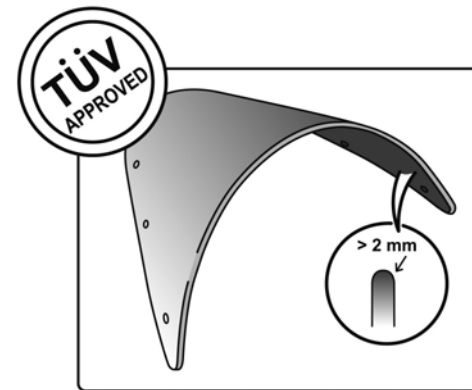

TECHNICAL FEATURES

ROUNDED CONTOUR-PROFILE

Check the ABE HOMOLOGATION document if the product is homologated for your motorcycle

TÜV APPROVED

Find more Puig products on our website.

Accept no compromises, choose only quality motorcycle windshields & fairings.
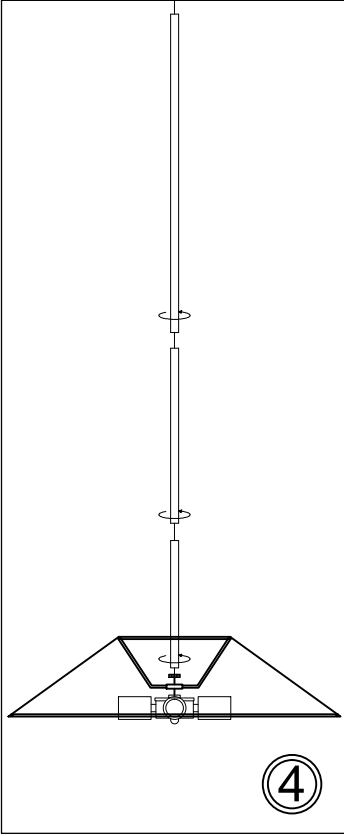

PIA-214P

①

②

③

④

⑤

⑥

⑦

⑧

Bulbs/ Ampoules:
4x Max 60W E26 Base
(Not Included/ Non Inclus)

━━━━━━━━━━━━━━━━━━━━━━━━━━━━━━

Task objective:
What is the number of lines above that contain "motorcycle"? Reply with that number only.

Result below:
2